A much more frequently seen bias arrangement has two separate trimmer potentiometers, to
adjust the bias voltage to each transistor individually. The theory behind this is that the transistor’s
Gate-Source Threshold Voltage varies from device to device, so needs to be set individually per
device. The Vishay IRF510 datasheet for example, specifies V
GS
minimum 2.0V, maximum 4.0V.
Quite a wide range.
It is instructive to compare this schematic to the schematic of the PA section for the QRP Labs
10W Linear kit
(that amplifier is designed for 160m to 10m operation)
and discuss the differences in gate bias arrangements.
The same DC power method is used (here bifilar transformer T203) and the same output
combiner/impedance matching transformer T204.
Note the negative feedback network between the transistor drains and gates (for example, in the
case of Q207, the series inductor-resistor-capacitor consisting of L204, R216 and C209).

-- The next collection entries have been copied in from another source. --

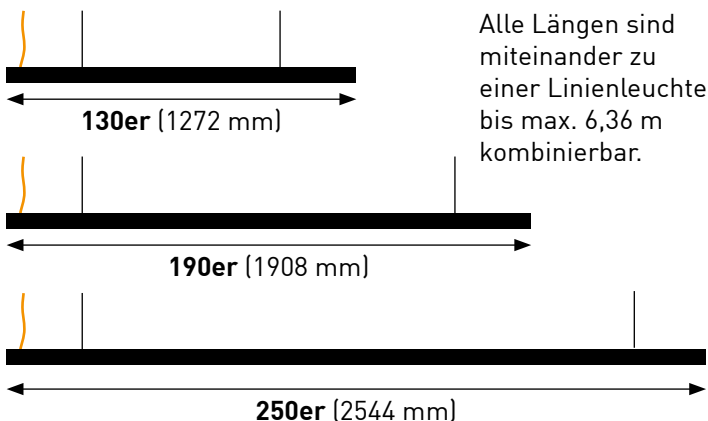

## Technische Daten

Leuchtmittel	LED		
Spannung	24 Vdc		
Leistung indirekt	20 W/m – 4000 K		
Lichtstrom indirekt	3600 lm/m		
Leistung direkt	16 W/m – 4000 K		
Lichtstrom direkt	2560 lm/m		
Teilungsmaß	indirekt 100 mm	direkt 636 mm	
Längen	130 cm	190 cm	250 cm
Gewicht	1,9 kg	2,7 kg	3,5 kg
Abmessung	(B x H) 36 x 54 mm		
Oberfläche	weiß RAL 9016 matt pulverbeschichtet schwarz RAL 9005 matt pulverbeschichtet		
Schutzart	IP40		

## Leuchtenlängen

Leuchtenvarianten

No Dim ON/OFF		Up/Down-Dim DALI		Up/Down-Dim CASAMBI		
<p>20 W/m 3 600 lm/m 4 000 K</p> <p>16 W/m 2 560 lm/m 4 000 K</p>		<p>20 W/m 3 600 lm/m 4 000 K</p> <p>dim.</p> <p>dimmbar mit DALI</p> <p>4 000 K</p> <p>16 W/m 2 560 lm/m 4 000 K</p> <p>dim.</p>		<p>20 W/m 3 600 lm/m 4 000 K</p> <p>dim.</p> <p>dimmbar mit CASAMBI</p> <p>4 000 K</p> <p>16 W/m 2 560 lm/m 4 000 K</p> <p>dim.</p>		
130 cm	400 €	130 cm	520 €	130 cm	520 €	
S36-P-130-BR-40-nodim		S36-P-130-BR-40-dali		S36-P-130-BR-40-casambi		
190 cm	540 €	190 cm	660 €	190 cm	660 €	
S36-P-190-BR-40-nodim		S36-P-190-BR-40-dali		S36-P-190-BR-40-casambi		
250 cm	680 €	250 cm	800 €	250 cm	800 €	
S36-P-250-BR-40-nodim		S36-P-250-BR-40-dali		S36-P-250-BR-40-casambi

This
helps to provide stability at all operating frequencies, improves linearity and also flattens the gain
across a wide frequency range (this amplifier is designed for 160m to 10m operation).
In the case of this 50W amplifier (refer back to the schematic), it is intended for single band
operation only, and I don’t care about linearity (it is a Class-C amplifier for CW), neither do I care
about gain flatness across the whole of HF from 2 to 30MHz. The amplifier is intended for 40, 30
or 20m operation and I just want as much power output as possible! So the feedback components
are deleted; naturally this also saves cost and board space.